» **Directions for this task**: List every line in this data where the string "View" occurs.

» **Data for this task**:

────

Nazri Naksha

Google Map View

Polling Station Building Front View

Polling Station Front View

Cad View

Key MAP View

────

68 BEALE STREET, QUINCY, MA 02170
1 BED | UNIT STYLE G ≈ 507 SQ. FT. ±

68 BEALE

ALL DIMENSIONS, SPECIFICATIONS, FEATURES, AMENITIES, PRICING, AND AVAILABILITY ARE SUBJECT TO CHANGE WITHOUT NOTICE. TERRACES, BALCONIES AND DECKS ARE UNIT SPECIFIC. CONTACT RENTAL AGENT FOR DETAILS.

────

» **Task solution**:
Google Map View
Polling Station Building Front View
Polling Station Front View
Cad View
Key MAP View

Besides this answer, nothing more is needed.